Life in our Solar System

Astrobiology, the study of extraterrestrial life, is an enigmatic science. Firstly, its uniqueness lies in the fact that it incorporates several scientific disciplines into one. For example, fields such as biochemistry and astrophysics are used simultaneously to aid the search for life in the universe. Secondly, it is the only field of study yet to prove that its subject matter actually exists.1 It is clear that astrobiology is a special branch of science.

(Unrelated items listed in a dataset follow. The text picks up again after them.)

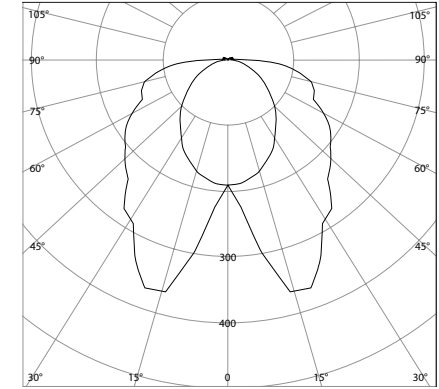

LANTIS BULK HEAD

-  230v
-  3hrs
-  DALI
-  CE
-  1.5
-  IK08
-  IP65
-  5 WARRANTY

LANT300

LANT110 & LANT350

SPACING TABLE

Mounting Height	0.5 lux				1 lux			
	Diagram 1	Diagram 2	Diagram 3	Diagram 4	Diagram 5	Diagram 6	Diagram 7	Diagram 8
2.0M	4.5	10.0	12.0	4.5	3.3	8.2	12.0	4.7
2.5M	4.9	10.8	12.8	4.9	3.6	8.8	12.8	5.1
3.0M	5.3	11.6	13.6	5.3	3.8	9.6	13.6	5.4
3.5M	5.6	12.4	14.4	5.6	4.0	10.2	14.2	5.7
4.0M	5.8	13.4	15.4	5.8	4.1	10.6	15.0	5.9
4.5M	6.0	14.0	16.0	6.0	4.2	10.8	15.8	6.0
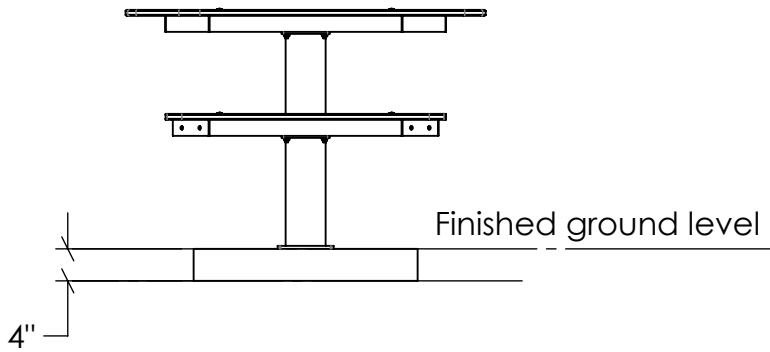

**ASSEMBLY PLAN**

26/06/2023

MR

Chessboard table

Item	Description	Qty.	Number
1	27-1/4" Aluminum Round Post (5dia)(7x7 plate)(Table)	1	α13917
2	14-1/4" Aluminum Round Post (5dia)(7x7 plate)(Bench)	2	α13919
3	Galvanized 2 seat bench (For 1 post)	2	α34491
4	Chessboard galvanized table top - 4 places (For 1 post)	1	*34490
5	3/8*1 Stainless steel carr.bolt	12	40151
6	3/8 Stainless flat washer	12	42470
7	3/8 St/St thin nylon lock nut	12	42811

# ASSEMBLY PLAN

26/06/2023

MR

Chessboard table

BG-2860  
28" x 60" x 4"  
Concrete footing  
( Not included )

See detail of anchoring  
to concrete footing

In 1961, in California U.S., astronomer and astrophysicist Frank Drake formulated the “Drake Equation”. The so-called “Drake Equation” is a probabilistic argument used to estimate the number of intelligent, extra-terrestrial civilisations in our galaxy, the Milky Way.2 Far from a strictly mathematical equation, the multifactorial expression summarises the most important concepts in determining the likelihood of other communicative life existing within our galaxy. The usefulness of the equation has been greatly criticised since each term is speculative, and as a result, a final value is not reliable enough to draw conclusions from. The original estimates in 1961 included a minimum value of intelligent civilisations as 20 and a maximum as 50,000,000. Current estimates range from a minimum number of 2 and a maximum of 280,000,000.3 Despite the equation’s flaws, it emphasises the scale of the task that faces astrobiologists.

Fig. 1: The Drake Equation

N= the number of intelligent civilisations within the Milky Way/R*= the average rate of star formation within the Milky Way/fp= the fraction of formed stars that have planets/ne= the average number of planets per star that can support life/fl= the fraction of those planets that develop life/fi= the fraction of planets bearing life that develop intelligent, civilised life/fc= the fraction of these civilisations that develop detectable technological communications/L= the length of time over which these civilisations release signals.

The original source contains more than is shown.